**ASSIGNMENT**: Line by line, transcribe the data below exactly and pass over the images.
■ ■ ■ ■ ■
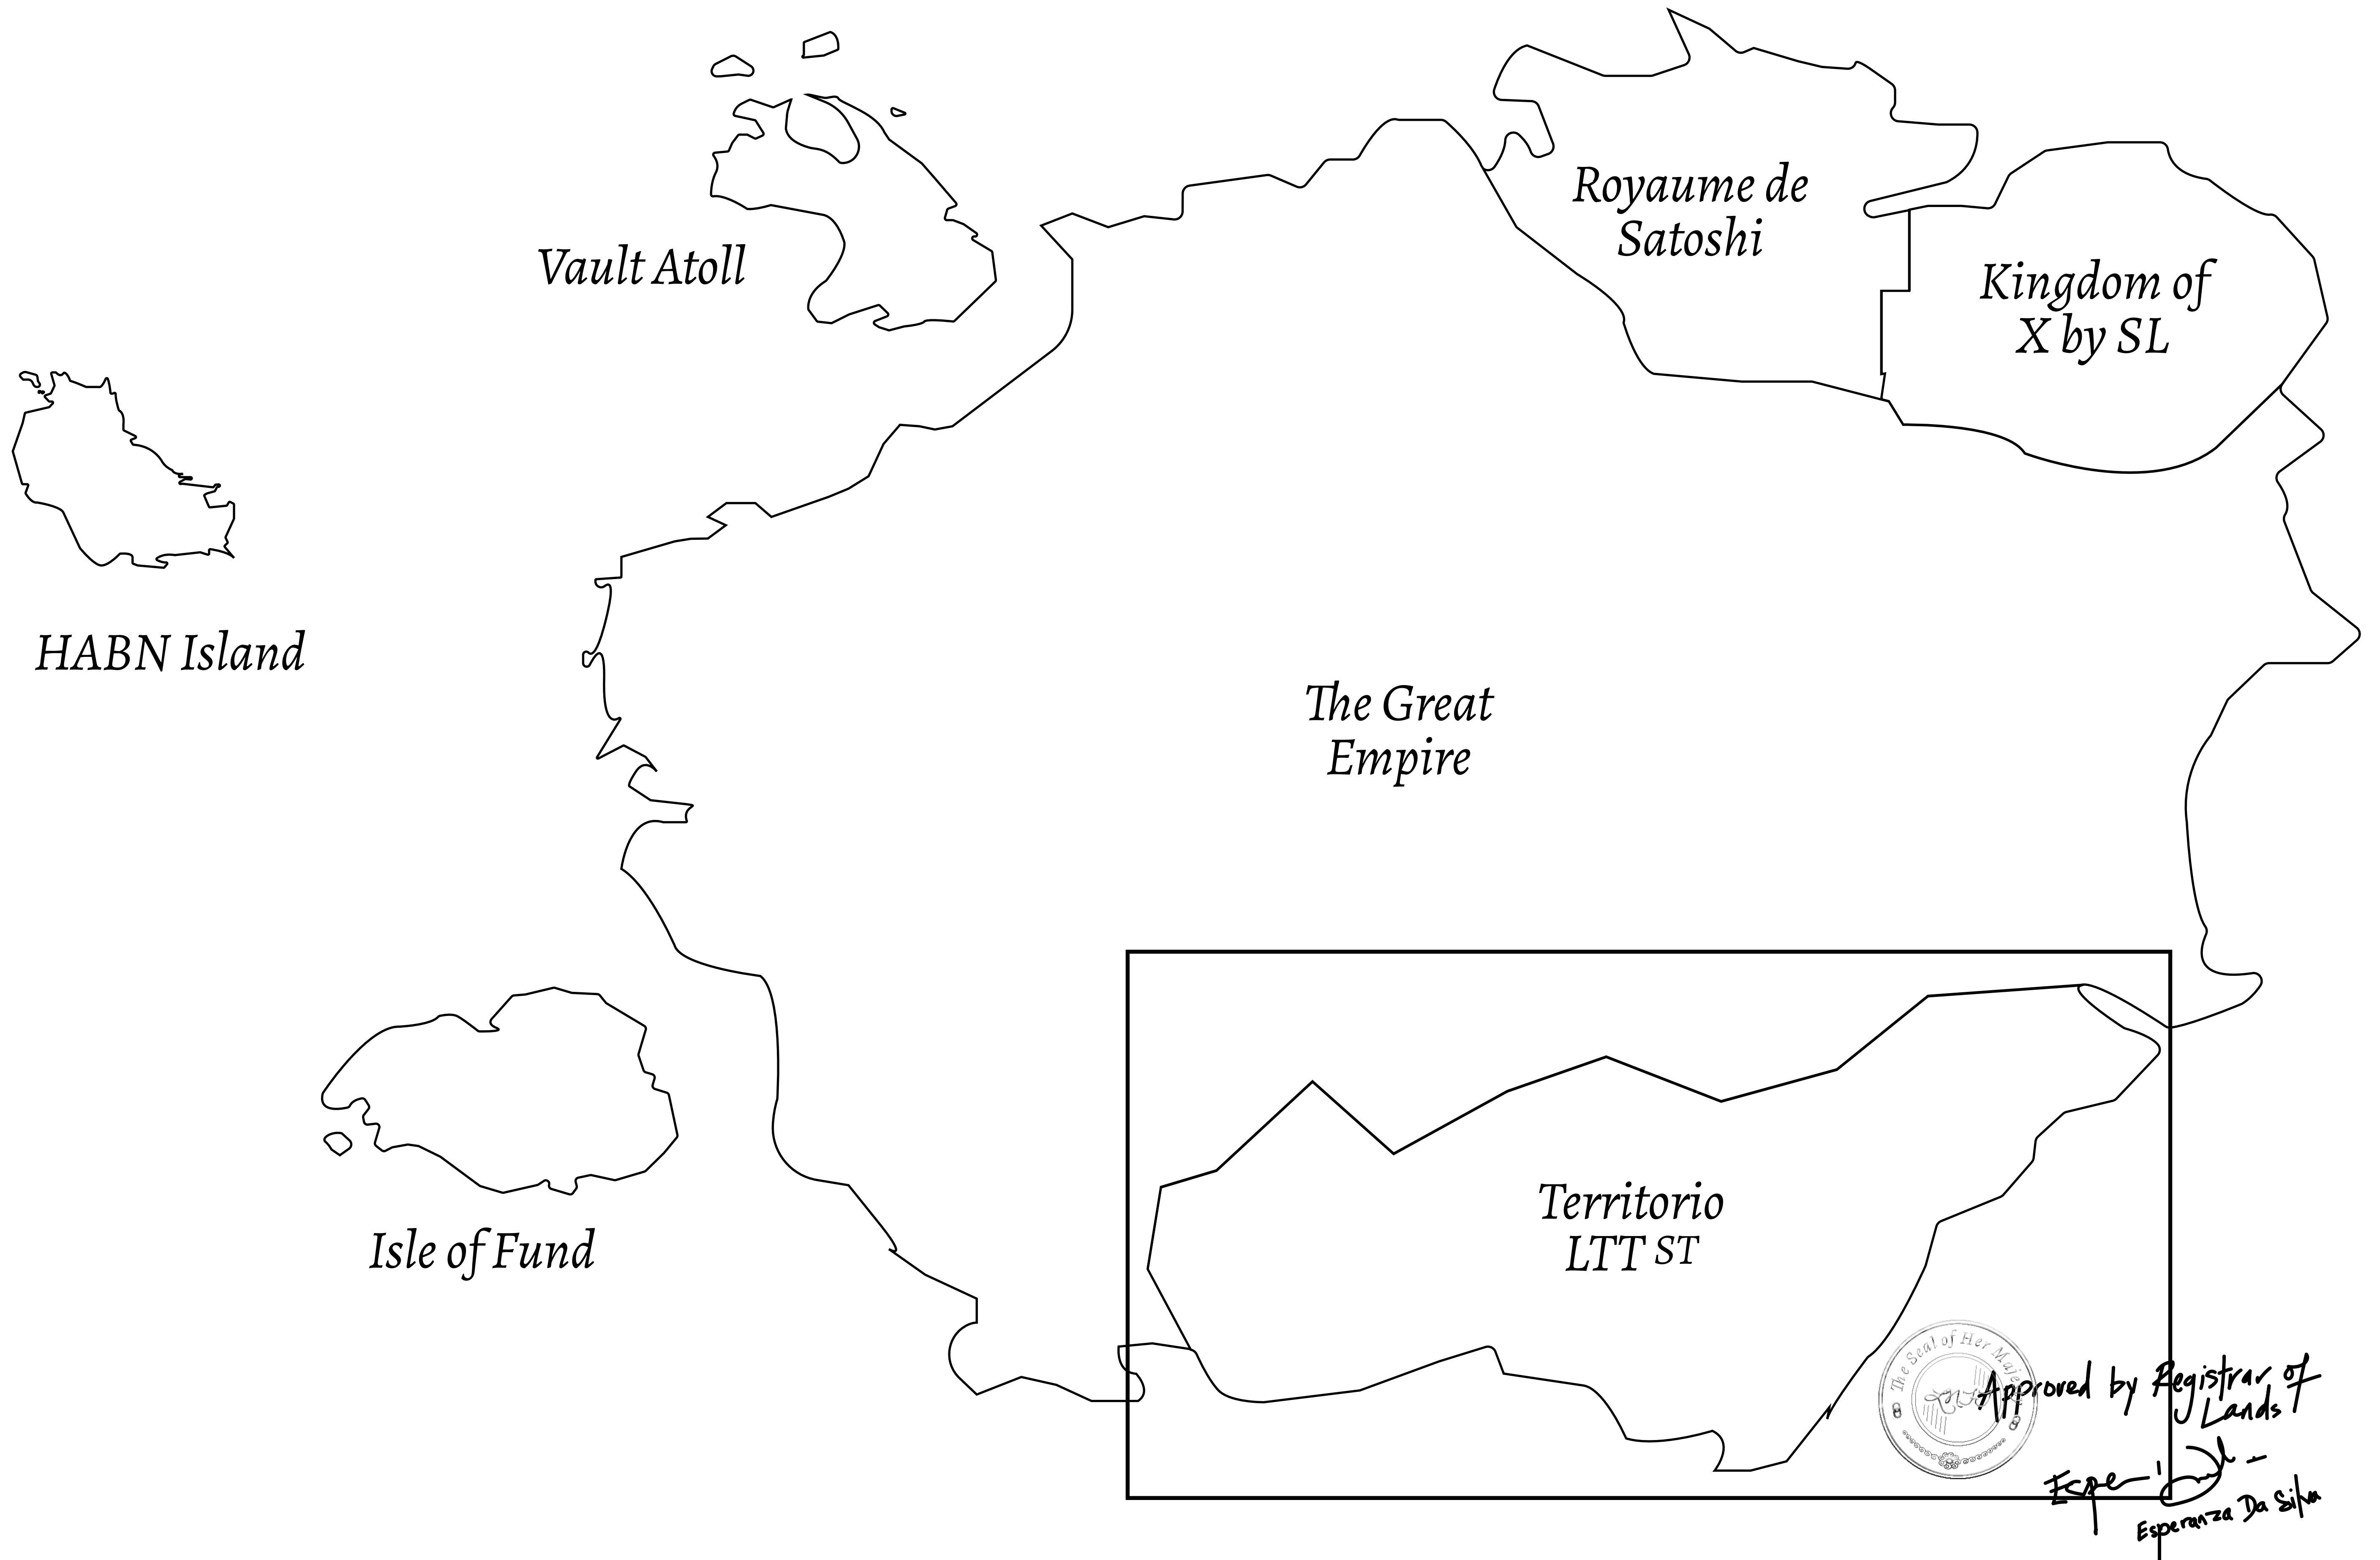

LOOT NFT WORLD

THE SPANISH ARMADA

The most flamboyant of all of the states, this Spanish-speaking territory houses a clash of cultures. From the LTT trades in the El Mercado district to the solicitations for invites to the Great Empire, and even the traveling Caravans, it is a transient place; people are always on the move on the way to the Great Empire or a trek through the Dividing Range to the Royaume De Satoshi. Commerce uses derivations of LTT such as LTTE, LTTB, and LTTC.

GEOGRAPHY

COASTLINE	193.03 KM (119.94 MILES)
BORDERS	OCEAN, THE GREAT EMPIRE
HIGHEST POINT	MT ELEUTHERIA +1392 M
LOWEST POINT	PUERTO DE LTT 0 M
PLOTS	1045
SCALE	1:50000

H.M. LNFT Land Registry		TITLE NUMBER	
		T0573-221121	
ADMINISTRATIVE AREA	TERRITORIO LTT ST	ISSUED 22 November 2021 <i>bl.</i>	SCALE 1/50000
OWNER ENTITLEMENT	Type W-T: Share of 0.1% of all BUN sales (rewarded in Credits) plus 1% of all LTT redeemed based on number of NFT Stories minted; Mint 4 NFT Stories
■ ■ ■ ■ ■
**COMPLETED TASK**:
LOOT NFT WORLD

THE SPANISH ARMADA

The most flamboyant of all of the states, this Spanish-speaking territory houses a clash of cultures. From the LTT trades in the El Mercado district to the solicitations for invites to the Great Empire, and even the traveling Caravans, it is a transient place; people are always on the move on the way to the Great Empire or a trek through the Dividing Range to the Royaume De Satoshi. Commerce uses derivations of LTT such as LTTE, LTTB, and LTTC.

GEOGRAPHY

COASTLINE	193.03 KM (119.94 MILES)
BORDERS	OCEAN, THE GREAT EMPIRE
HIGHEST POINT	MT ELEUTHERIA +1392 M
LOWEST POINT	PUERTO DE LTT 0 M
PLOTS	1045
SCALE	1:50000

H.M. LNFT Land Registry		TITLE NUMBER	
		T0573-221121	
ADMINISTRATIVE AREA	TERRITORIO LTT ST	ISSUED 22 November 2021 <i>bl.</i>	SCALE 1/50000
OWNER ENTITLEMENT	Type W-T: Share of 0.1% of all BUN sales (rewarded in Credits) plus 1% of all LTT redeemed based on number of NFT Stories minted; Mint 4 NFT Stories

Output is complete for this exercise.